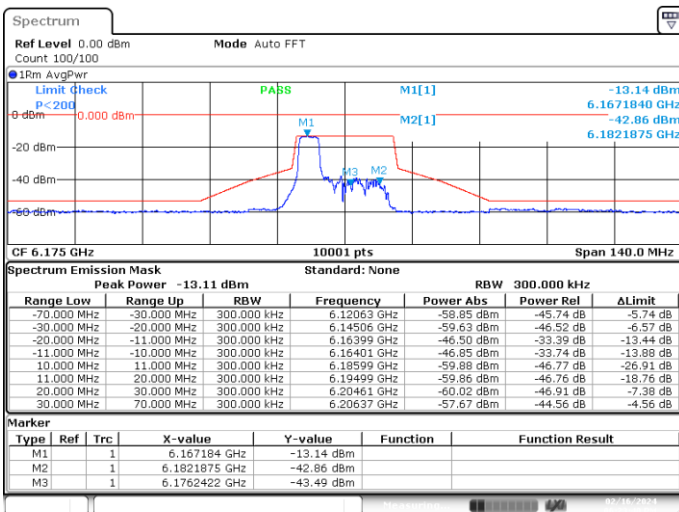

SISO-B, 802.11ax/be20-MCS0, Ch229-4m-40

SISO-B, 802.11ax/be20-MCS0, Ch229-8m-54

SISO-B, 802.11ax/be20-MCS0, Ch233-2m-8

SISO-B, 802.11ax/be20-MCS0, Ch233-4m-40

SISO-B, 802.11ax/be20-MCS0, Ch233-8m-54

MIMO-A, 802.11ax/be20-MCS0, Ch1-2m-0

MIMO-A, 802.11ax/be20-MCS0, Ch1-4m-37

MIMO-A, 802.11ax/be20-MCS0, Ch1-8m-53

MIMO-A, 802.11ax/be20-MCS0, Ch45-2m-0

MIMO-A, 802.11ax/be20-MCS0, Ch45-4m-37

MIMO-A, 802.11ax/be20-MCS0, Ch45-6m-70

MIMO-A, 802.11ax/be20-MCS0, Ch45-8m-53

MIMO-A, 802.11ax/be20-MCS0, Ch45-10m-82

MIMO-A, 802.11ax/be20-MCS0, Ch93-2m-0

MIMO-A, 802.11ax/be20-MCS0, Ch93-4m-37

MIMO-A, 802.11ax/be20-MCS0, Ch93-8m-53

MIMO-A, 802.11ax/be20-MCS0, Ch97-2m-0

MIMO-A, 802.11ax/be20-MCS0, Ch97-4m-37

**DIRECTIONS FOR THIS TASK:** Whenever a line above includes the string "SISO", copy it.

**OUTPUT OF THE TASK:**
SISO-B, 802.11ax/be20-MCS0, Ch229-4m-40
SISO-B, 802.11ax/be20-MCS0, Ch229-8m-54
SISO-B, 802.11ax/be20-MCS0, Ch233-2m-8
SISO-B, 802.11ax/be20-MCS0, Ch233-4m-40
SISO-B, 802.11ax/be20-MCS0, Ch233-8m-54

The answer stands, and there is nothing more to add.